- [RECORDED INFORMATION]
+===+

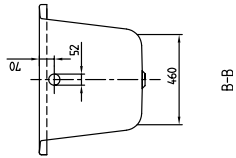

TECHNISCHE ZEICHNUNGEN

UBA167ARA2
OMNIA ARCHITECTURA

+===+

- [WORK INSTRUCTION] Every line of the material above must be written out exactly, with no pictures.

- [RESULT]
TECHNISCHE ZEICHNUNGEN

UBA167ARA2
OMNIA ARCHITECTURA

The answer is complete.